- _RECORDS SUPPLIED_:
>>>>
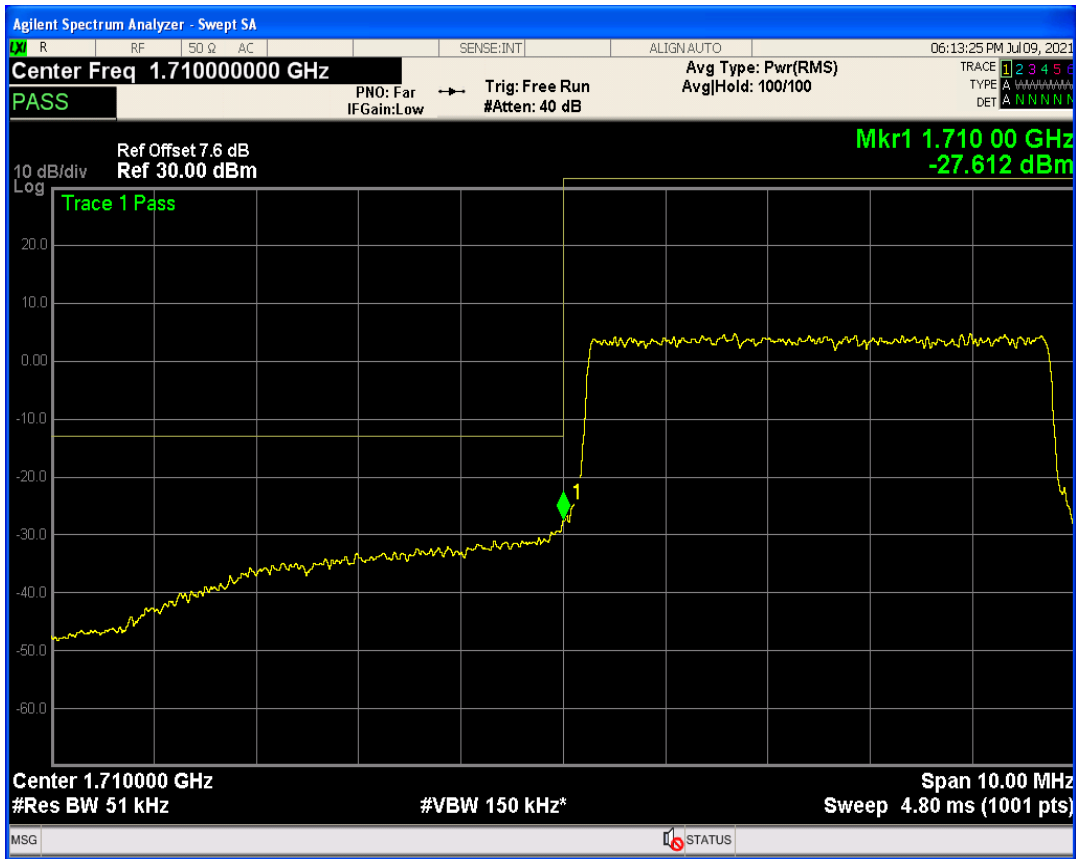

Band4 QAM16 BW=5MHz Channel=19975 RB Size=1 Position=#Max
<<<<
>>>>
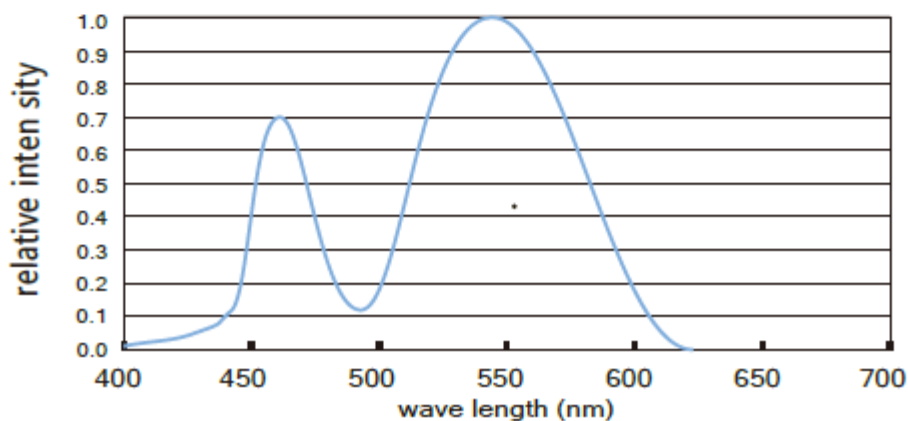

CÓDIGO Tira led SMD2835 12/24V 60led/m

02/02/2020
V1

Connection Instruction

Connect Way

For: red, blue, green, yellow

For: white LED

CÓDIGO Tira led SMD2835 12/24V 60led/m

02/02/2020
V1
<<<<
>>>>
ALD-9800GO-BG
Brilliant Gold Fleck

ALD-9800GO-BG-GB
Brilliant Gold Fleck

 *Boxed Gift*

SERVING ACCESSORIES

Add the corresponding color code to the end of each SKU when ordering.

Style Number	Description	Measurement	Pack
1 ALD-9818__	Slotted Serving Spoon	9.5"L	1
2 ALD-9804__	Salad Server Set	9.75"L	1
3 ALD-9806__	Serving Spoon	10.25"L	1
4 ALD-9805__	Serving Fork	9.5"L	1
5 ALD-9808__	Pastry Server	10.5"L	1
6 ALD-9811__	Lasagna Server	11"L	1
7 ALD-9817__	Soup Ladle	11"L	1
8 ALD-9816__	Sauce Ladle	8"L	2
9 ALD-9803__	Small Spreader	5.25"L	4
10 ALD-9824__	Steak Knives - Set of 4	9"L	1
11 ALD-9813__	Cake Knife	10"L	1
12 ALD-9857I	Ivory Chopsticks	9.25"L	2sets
<<<<
- _WORK INSTRUCTIONS_:
Your response should be made up of the lines in the data that contain the word "Spoon".

- _RESPONSE_:
1 ALD-9818__	Slotted Serving Spoon	9.5"L	1
3 ALD-9806__	Serving Spoon	10.25"L	1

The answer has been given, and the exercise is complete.